I did get a copy of Gide's Les Faux Monnayeurs with the intention of comparing  the translation with the original. The time has long passed for that esoteric exercise and so I won't add La Peau de Chagrin en Francais to my shopping list but while the reading of literature from other languages is essential we remain hostages of the translator, brilliant though I'm sure they are.
I'll save the next two Balzacs for later and thrive on variety. I wasn't surprised the postman couldn't get Anna Karenina through the postbox. For some reason, I had thought it was about 450-500 pages. It's not, it's 849. That will be something to look forward to but I was keen to read Laura Cumming's The Vanishing Man: In Pursuit of Velázquez. She is a brilliant writer and I like being shown round paintings by someone who knows what they're talking about. Reading about poetry, I bring my own prejudices and long-nurtured grievances to hold against anything I don't imagine myself to agree with and uncritically nod with enthusiasm at everything I do. With painting, I'm grateful to have it explained to me. I know so little that, I now realize, I have been calling him Velasquez and I didn't even check. I must write out Velázquez 100 times so that I remember in future.

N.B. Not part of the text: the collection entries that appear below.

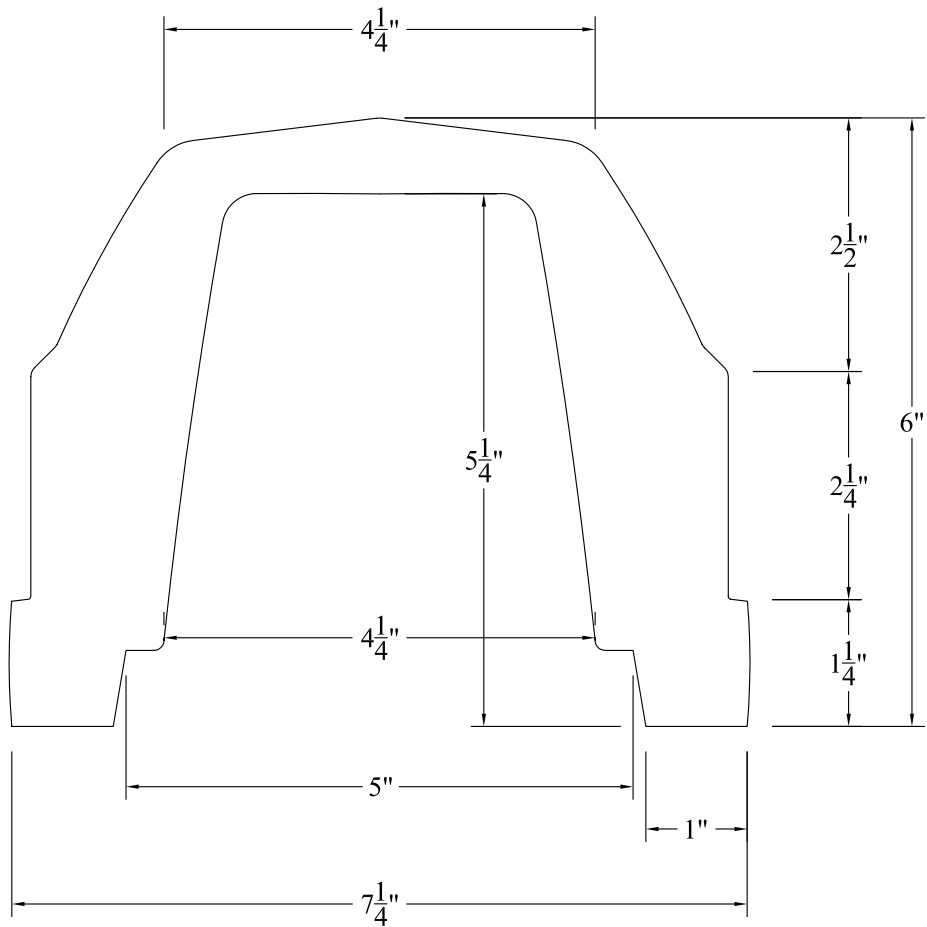

TOP/HAND RAIL

Not To Scale

Product: TOP/HAND RAIL

Item #: RT301

Recommended Balusters:
Cambridge, Cambridge Commercial
Cambridge 18" & 22" Roof Top, Jefferson
Montreaux, Montreaux Commercial

I began Laura's book outside in the early afternoon. The cloud cleared and the Sun came through, two or three hours too late. Wouldn't you just know it.
--
But Anna Karenina is said to be The Greatest Novel in places on the internet and, no doubt, in editions of itself. As was Middlemarch in the repeat of the life of George Eliot repeated on telly last night. Last year I thought it must be Proust. I'm sure some say it's Ulysses. There will be War and Peace to add to the long list, Don Quixote, Jane Austen fans will be outraged if she's not listed and so it goes on. But it seems as if being enormous adds weight to one's case in the same way as, somehow, louder meant better in heavy metal music. That surely shouldn't be one of the criteria. If The Dead qualified as a novel it could easily be that. We will see but there's no need to come back here for a decision any time soon. The older one gets the less easy it is to be definitive about such diaphonous decisions. 
I've seen the word diaphonous more than once today, in Balzac or Laura if not both. If it's good enough for them, it's good enough for me.